The future of Donald Trump’s presidency hung in the balance Wednesday morning with results in several key states still too close to call in the contentious and unprecedented campaign mired by an escalating pandemic.
The initial results left voters bracing for a drawn-out election night. The vote was shaping up to be a repeat of 2016, coming down to the battleground states of Michigan, Wisconsin and Pennsylvania where full results may not be known for days.
Mr. Trump was confident he would pull out a victory. “We are up BIG, but they are trying to STEAL the Election,” he tweeted sharply just before 1 a.m. “We will never let them do it. Votes cannot be cast after the Poles are closed!”
The U.S. election is a deadlock. What happens next?
Mr. Trump expanded his support in Florida, a state he narrowly won in 2016, and took Ohio by roughly the same margin he saw four years ago.
However, he lost ground among suburban voters in states such as Texas and in North Carolina, where the Republican nominee was ahead of Democrat Joe Biden.
He was on track to lose Arizona, a traditionally Republican state quickly being reshaped by demographic changes, including a growing Latino population and the migration of diverse and educated professionals into the suburbs around Phoenix.
But Mr. Trump also benefited from strong turnout among his base in rural areas of the country that helped catapult him into the White House in 2016. He also saw a surge of support among Cubans and other Latino voters in South Florida, a population he heavily courted this year with messages warning that Democrats would embrace socialist policies.
Turnout in the race was set to reach near-record highs, with more than 100 million voters casting early ballots. The Biden campaign had hoped that efforts to encourage voters to cast ballots by mail to avoid crowded polling stations during a pandemic would boost turnout among Democrats. But while Mr. Biden had an early lead in several battleground states thanks in part to the results of advanced voting, Mr. Trump narrowed the gap among election-day voters as the evening wore on.
Throughout the election, Mr. Trump repeatedly sought to undermine confidence in mail-in voting, urging his supporters to protect polling stations against voter fraud. His campaign sued several states to prevent an expansion of mail-in voting, prevailing in a number of key states. The courts also sided with Democrats in a few instances.
Nearly half of states allow ballots postmarked by Nov. 3 to arrive well after election day, ensuring that their results may not be known for a week or more. Others prohibit counting advanced ballots before polls close. Election officials in the battleground states of Wisconsin, Pennsylvania and Michigan warned not to expect official results for up to several days.
The consequences of a delayed election outcome could lead to court challenges and distrust among the electorate, warned Donald Critchlow, Katzin Family Professor at Arizona State University and author of this year’s In Defense of Populism: Protest and American Democracy. “And whoever wins the election, their legitimacy as president will be questioned.”
Mr. Trump, 74, remained the underdog throughout the campaign, which proved to be a referendum on his four years in office.

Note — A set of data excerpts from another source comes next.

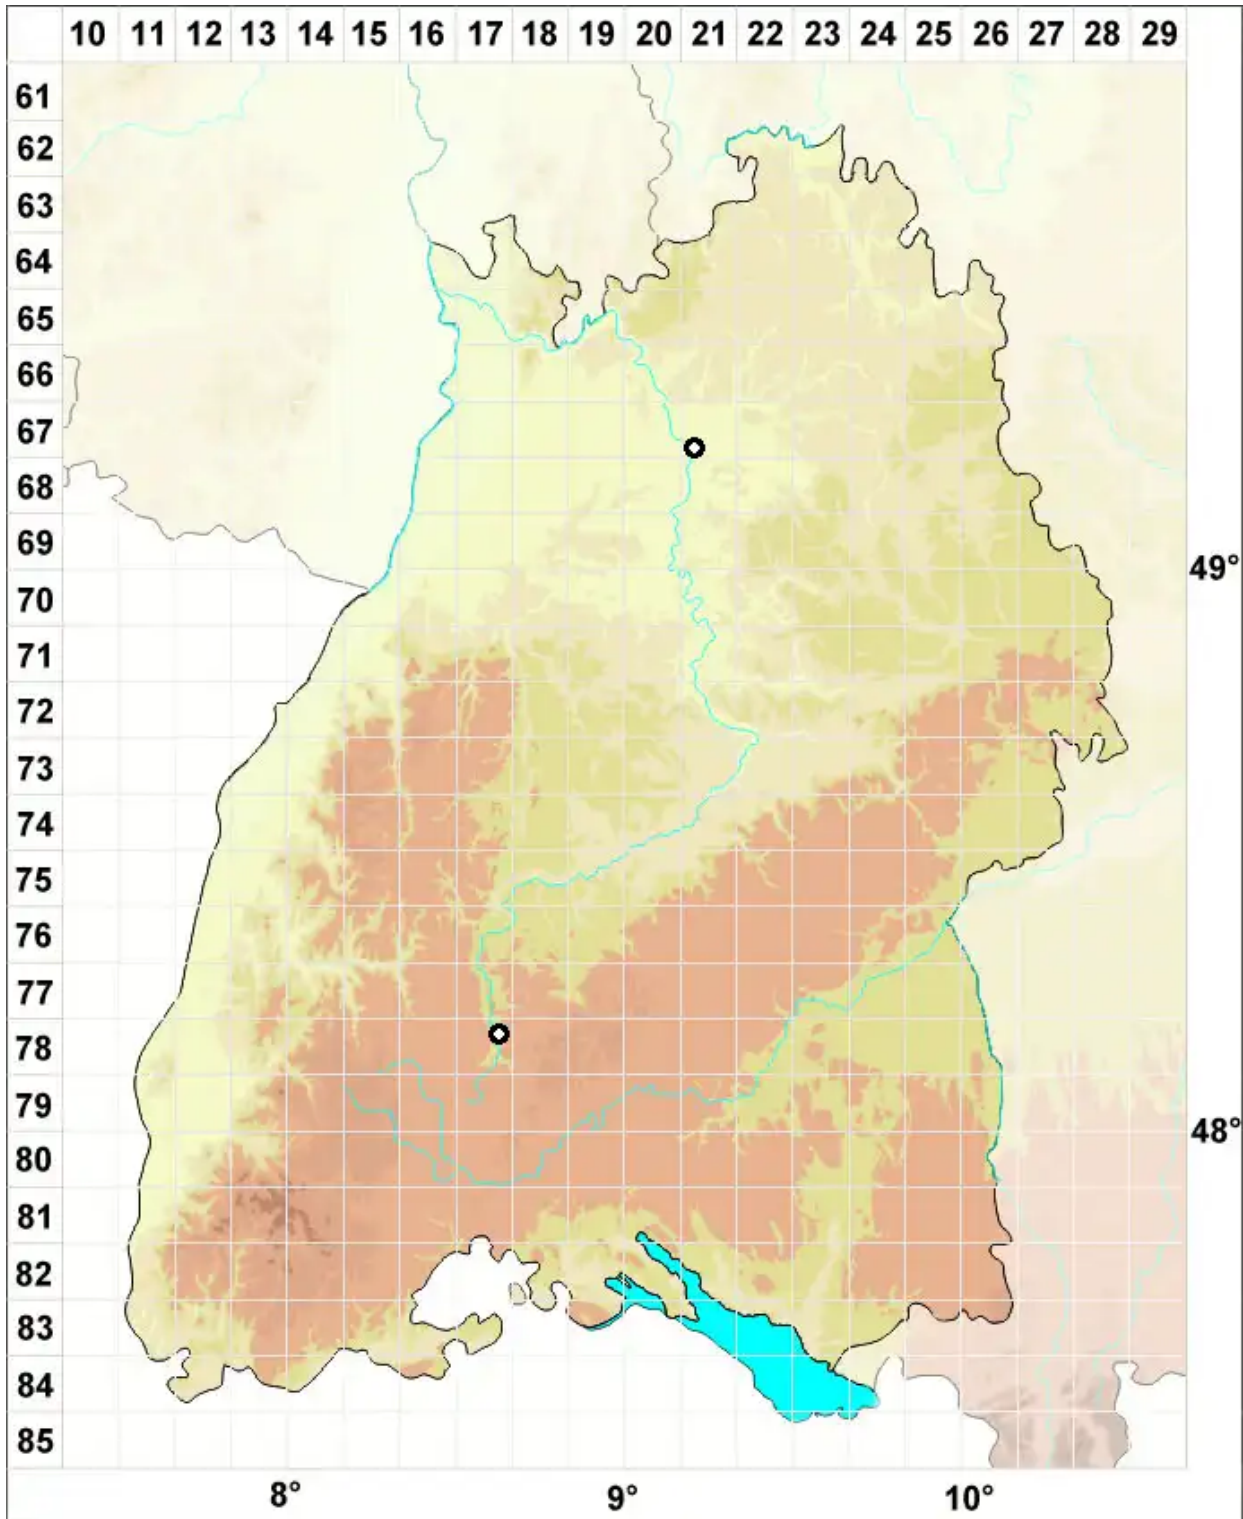

Henediella heimii (Hedw.) R.H.Zander

Salzstellen-Pottmoos, Heims Neupottmoos

Legende:

- Symbole:**
- Ausgefülltes Symbol:
Zeitraum von 1980 bis heute (Aktuelle Angabe)
 - Leeres Symbol:
Zeitraum vor 1980 (Altangabe)
 - Quadrat: Herbarbeleg
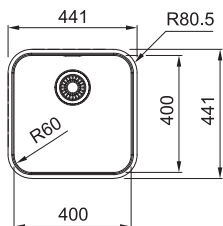

DŘEZ PRO HORNÍ MONTÁŽ S PLOCHÝM OKRAJEM NEBO DO ROVINY

SRX 210/610-40

3 630 Kč (vč. DPH)
3 000 Kč (bez DPH)
144 € (vr. DPH)

Doplňky a příslušenství

01
ALL-IN Set 1
112.0655.481
(str. 328)

3 388 Kč (vč. DPH)
2 800 Kč (bez DPH)
134 € (vr. DPH)

02
ALL-IN Set 2
112.0655.482
(str. 328)

4 235 Kč (vč. DPH)
3 500 Kč (bez DPH)
168 € (vr. DPH)

03
ALL-IN Set 3
112.0655.483
(str. 328)

4 840 Kč (vč. DPH)
4 000 Kč (bez DPH)
192 € (vr. DPH)

04
Přípravná deska
Bambus
280 × 532 × 33 mm
112.0595.334

895 Kč (vč. DPH)
740 Kč (bez DPH)
36 € (vr. DPH)

05
Čisticí pasta Twister
vč. houbičky
Obsah 125 ml
112.0007.715

194 Kč (vč. DPH)
160 Kč (bez DPH)
7,70 € (vr. DPH)

He consistently trailed his Mr. Biden by several points in national polls.
He repeatedly played down the risks of the pandemic that has infected more than nine million Americans and killed almost 240,000 – only to become infected with COVID-19 himself as part of an outbreak among several White House staffers and campaign advisers.
His poll numbers fell amid rising case numbers in several states, protests over racial justice, a widely panned first debate performance and a New York Times report showing he paid little personal income tax during his first year in office.
Yet Mr. Trump also gambled that he could win re-election by appealing to a group of fiercely loyal supporters. He doubled down on the nationalist rhetoric that helped him take the White House in 2016. He offered racially charged warnings that protests over the police killings of Black Americans threatened the safety of suburban communities.
He cast Mr. Biden as a puppet of the radical left and a corrupt career politician in an attempt to repeat his successful attacks on Hillary Clinton four years ago. The charge was boosted by a series of controversial media reports about the business dealings of Mr. Biden’s son, Hunter, in China and Ukraine.
By contrast, Mr. Biden, 77, bet that large numbers of voters were worried enough about the pandemic to avoid in-person rallies and shun door-to-door visits by volunteers. He spent most of the election campaigning virtually from his home in Delaware before holding several small-scale, socially distanced gatherings in the final weeks before the vote.
The former vice-president appealed to voters with a message of unity, along with a return to decency and Obama-era liberalism. He promised to tackle the pandemic, expand access to affordable health care, rebuild the economy on clean-energy jobs, restore ties with the United States' traditional allies and return the U.S. to international agreements such as the Paris climate accord and the Iran nuclear deal.
While Mr. Biden maintained an early and consistent lead in the campaign, Mr. Trump saw a last-minute bump in the polls from positive GDP-growth numbers in the week before the election.